Each one of these big and small sellouts brought the party to the point where it fired Liz Cheney from the House leadership on Tuesday for stating the obvious: Trump lost the election last year and stoked an insurrection to save face.
Cheney is a conservative’s conservative, who voted with Trump 92.9% of the time – more than the party’s Senate leader, Mitch McConnell. But Cheney knows that if we cannot agree on democratic principles like free and fair elections, or the constitution, we cannot begin to debate the principles or policies that separate Republicans from Democrats.
“I am a conservative Republican and the most conservative of conservative principles is reverence for the rule of law. The electoral college has voted. More than 60 state and federal courts, including multiple judges he appointed, have rejected the former president’s claims,” she said on the House floor on Tuesday.
“Those who refuse to accept the rulings of our courts are at war with the constitution. Our duty is clear. Every one of us who has sworn the oath must act to prevent the unraveling of our democracy. This is not about policy. This is not about partisanship. This is about our duty as Americans. Remaining silent, and ignoring the lie, emboldens the liar.”
Clearly most Republican members of Congress don’t care – mostly because they think they are on a winning track. There is a near-universal expectation that the Republicans will take back at least half of Congress next year, and that its lickspittle House leader Kevin McCarthy, will finally rise from his semi-prone position to become speaker.

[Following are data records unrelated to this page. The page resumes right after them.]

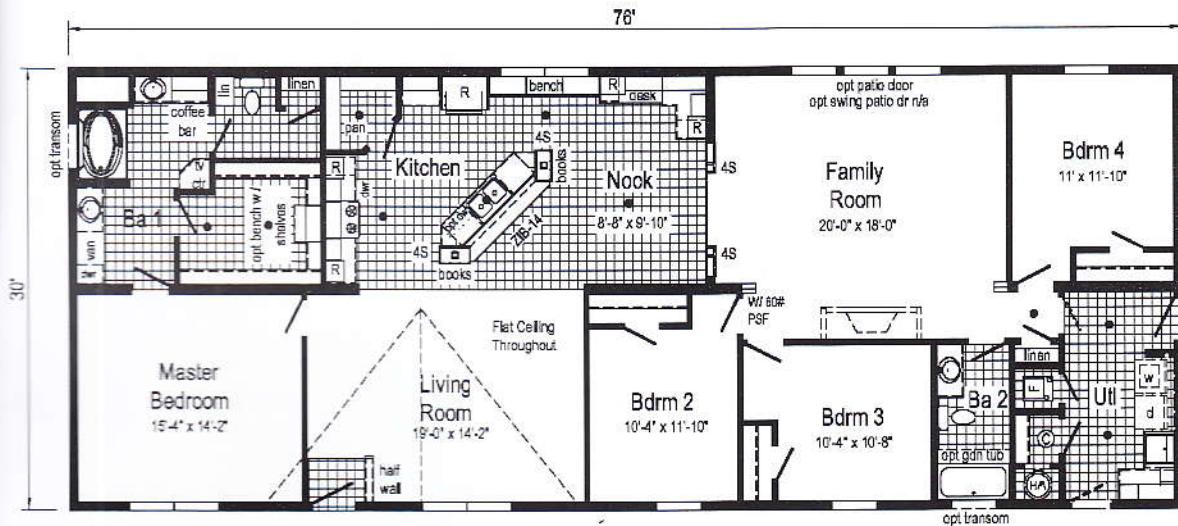

**Optional Glamour Bath**  
(omits linen)

**Optional Tranquility Shower**

**Opt Freezer/Ref. Combo**  
(frz/ref. combo only with flat ceiling)

**Optional Chef's Signature Hood**  
(only with flat ceiling)

**Optional Stairwell**

But while incumbent presidents tend to lose power in their first midterms, there is nothing pre-ordained about this prognosis. It just gets repeated so often, it feels that way.
There was a president, not so long ago, who bucked that trend. His name was George W Bush and his vice-president was a man named Dick Cheney, father of Liz. While their opponents wanted to re-litigate the disputed election of 2000, Bush and Cheney were focused on supposedly keeping the country safe.
Yes, the 2002 elections were the first after the 9/11 attacks, but the framing was devastatingly effective: are you with the president’s party, or with the terrorists? It wasn’t fair or accurate, but it was simple and successful enough to pick up seats in both the House and Senate.
It’s not hard to imagine a similar election for Democrats next year, the first after Covid is finally crushed. Are you for or against the pandemic? Are you for or against building back better? Are you for or against investing in bridges, or childcare, or community college?
Instead, the Republican party is determined to answer its own burning question about whether you are for or against Donald Trump.
This may satisfy the legions of hardcore Trump fans, but they clearly do not represent a winning majority. So far, their broader attempts to portray Joe Biden as a scary socialist have failed: Biden’s approval ratings are much higher than Trump’s, and that includes positive ratings from almost half of Republicans.
Where does the GOP end up? Much like its sidekick for the last several decades, the National Rifle Association. The NRA has been a fearsomely effective political machine, blocking any attempt at gun safety laws by mobilizing just 5 million members. Along the way, it became a cult of personality and corruption revolving around its leader, Wayne LaPierre.
Now, after a failed legal gambit to declare bankruptcy, it faces the full force of New York’s attorney general, Letitia James, who is suing to shut the NRA down. “The rot runs deep,” she said on Tuesday. “No one is above the law. Not even one of the most powerful lobbying organizations in the country.”
The rot runs deep across the right. Powerful political parties and organizations can suddenly seem brittle after years of hollowing out. Americans might love big personalities, but they love the law even more.